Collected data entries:
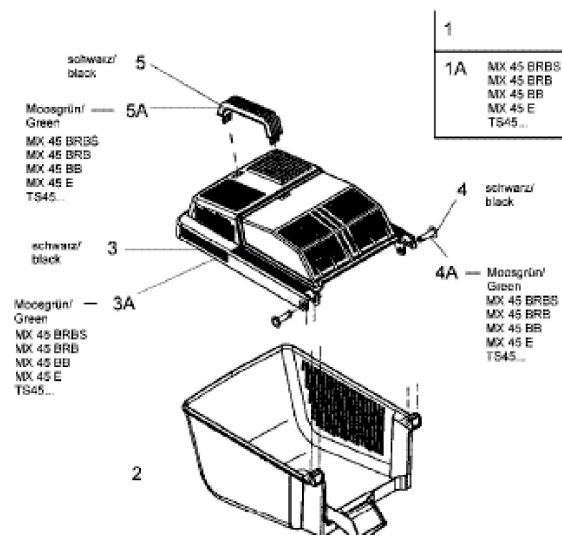

TS 45 BR-B > 12D-T58R667 (2004) > GRASFANGKORB

MX 45 BB	11E-T44M667
GE 45	11D-T14H678
GE 45 H	11D-T48S678
385 PH	11D-T18S611
TS 45 BB	11D-T44H667
GES 45	12D-T24H678
GES 45 H	12D-T58S678
385 SPH	12D-T48S611
TS 45 BRB	12D-T58R667
TS 45 BREB	12DET58V667

MX 45 BRB	12E-T58R667
MX 45 BRBS	12EST58I667
MX 45 E	18D-T4H-667
MX 45 E	18E-T4H-667
E 45	18D-T4H-678

GRASFANGKORB /
GRASS CATCHER-PLASTIC

E3-02552A-01

# Exercise description
The expected result is a copy of each line in the records where "GRASFANGKORB" appears.

# Output of the task
TS 45 BR-B > 12D-T58R667 (2004) > GRASFANGKORB
GRASFANGKORB /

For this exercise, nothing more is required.